The two secure equipment and software elements will be combined into the solution that will fulfill the combined organization’s information security demands. First, there’s the new Pfsense platform, which combines a firewall and a router into a single machine. Pfsense will assist the requirements of the company because it records all network activity using the snort sniffing capability. It also includes a function called p0f that detects which operating system is attempting to access the Company A network. It also contains a load balancer, which is excellent for reliability. Finally, it provides VPN capability, allowing Company A users to safely access the internet.

. We determined that installing Malwarebytes on devices connected would be the best way to safeguard customers and the system from malware and viruses. It guards against cyberattacks and can do fast scans to identify risks. Furthermore, it works well with Active Directory. It can help safeguard users against drive-by infections and dangerous websites. Phishing is a security issue that might arise as a result of any network installation. The present design does not contain mail setups for filtering spam messages or scammers from the public networks. To address this issue, the team will put in place safeguards that will stop spamming or harmful communications.

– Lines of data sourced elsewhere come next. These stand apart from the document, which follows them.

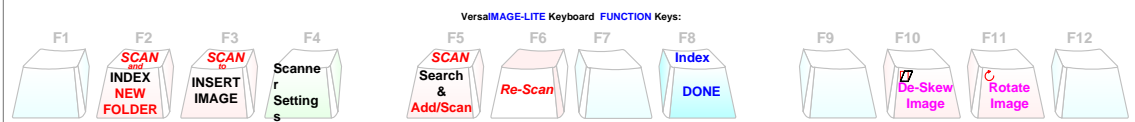

VersaIMAGE Software Corp. 7600 Grand River - Brighton, MI 48114 (810) 225-9720 www.versasoftware.com
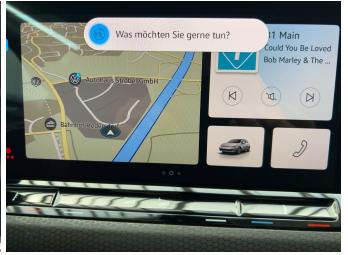

Autohaus Strobel GmbH
09153 / 92 65 0
info@auto-strobel.de**Umwelt und Normen**

Fahrzeugausstattung

ABS	Abstandstempomat
Abstandswarner	Android auto
Apple carplay	Bluetooth
Bordcomputer	ESP
Einparkhilfe	Einparkhilfe Kamera
Einparkhilfe Sensoren hinten	Einparkhilfe Sensoren vorne
Einparkhilfe selbstlenkendes System	Fensterheber
Fernlichtassistent	Freisprecheinrichtung
Geschwindigkeitsbegrenzungsanlage	Innenspiegel automatisch abbl.
Isofix Beifahrer	Kindersitzbefestigung
Klimaautomatik	Klimaautomatik 3 zonen
Kurvenlicht	Led-Scheinwerfer
Led-Tagfahrlicht	Lederlenkrad
Lichtsensor	Metallic
Multifunktionslenkrad	Musikstreaming integriert
Müdigkeitswarnsystem	Navigationssystem
Nichtraucher Fahrzeug	Notbremsassistent
Reifen-sommerreifen	Reifendruckkontrollsystem
Schaltwippen	Servolenkung
Sitzheizung	Sportfahrwerk
Sportsitze	Sprachsteuerung
Spurhalteassistent	Spurwechselassistent
Start Stop Automatik	Tagfahrlicht
Tempomat	Touchscreen
Traktionskontrolle	Tuner oder Radio
USB	Verkehrszeichenerkennung
Wegfahrsperr	ambientes Licht
beheizbares Lenkrad	blendfreies fernlicht (matrix)
dab-radio	elektrische Seitenspiegel
head-up display	induktionsladen Smartphones
schlüssellose Zentralsverriegelung	volldigitales Kombiinstrument

www.strobelkauftdeinauto.de

Wir bewerten Ihr Fahrzeug kostenlos!
Geben Sie einfach Ihre Fahrzeug-Daten ein

- 1 Fahrzeugdaten
- 2 Kontaktdaten
- 3 Bewertung

Autohaus Strobel GmbH
 Kirschenleite 20 · 91220 Schnaittach · ☎ 09153/92650
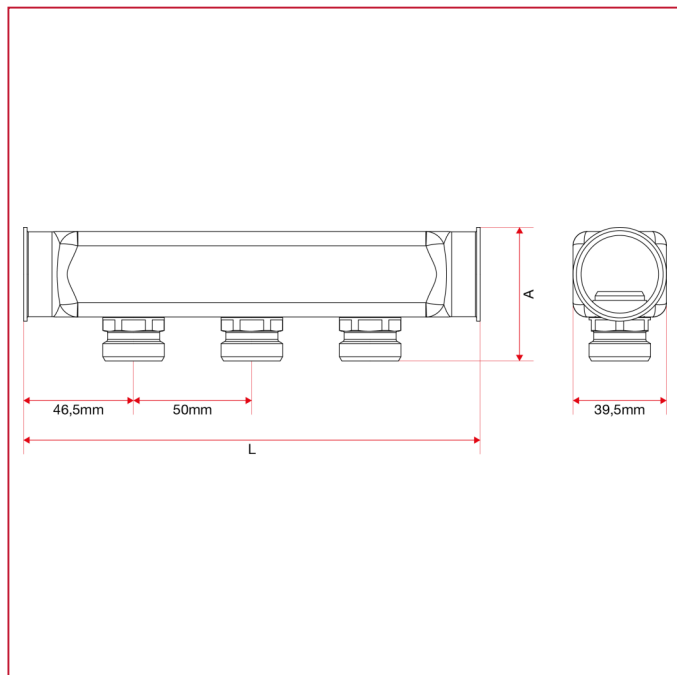

### ГАБАРИТНЫЕ РАЗМЕРЫ

	1"x3/4"x 2	1"x3/4"x 3	1"x3/4"x 4	1"x3/4"x 5	1"x3/4"x 6	1"x3/4"x 7	1"x3/4"x 8	1"x3/4"x 9	1"x3/4"x 10	1"x3/4"x 11	1"x3/4"x 12	1"x3/4"x 13
A	54,5	54,5	54,5	54,5	54,5	54,5	54,5	54,5	54,5	54,5	54,5	54,5
L	143	193	243	293	343	393	443	493	543	593	643	693
Kg/cm <sup>2</sup> bar	10	10	10	10	10	10	10	10	10	10	10	10
LBS - psi	145	145	145	145	145	145	145	145	145	145	145	145

Security awareness support will be conducted to account holders so that they are alert of questionable emails. Phishing is a challenging risk to defend against and can be the root cause of system cybersecurity incidents. Training users on this issue will make it more difficult for an intruder to get remote access. Controlling the equipment for the Pfsense firewall and router is a possible technical issue that might pose a risk. Pfsense is an open-source solution that will necessitate the majority of setup and deployment by the staff. In comparison to a Cisco firewall and router. Normally, it is distinct, but the computer systems are merged.

References

Cohen, F. (1999). Managing network security: Simulating network security. Network Security, 1999(4), 6–13. https://doi.org/10.1016/s1353-4858(00)80009-4

Forouzan, B. A. (2007). Network security. McGraw-Hill Higher Education.

Latapy, M., & Willinger, W. (2008). Complex Computer and Communication Networks. Computer Networks, 52(15), 2817–2818. https://doi.org/10.1016/j.comnet.2008.06.001

Pardoe, T. D., & Snyder, G. F. (2005). Network security. Thomson/Delmar Learning.

Peterson, L. L., & Davie, B. S. (2022). Computer Networks: A systems approach. Elsevier.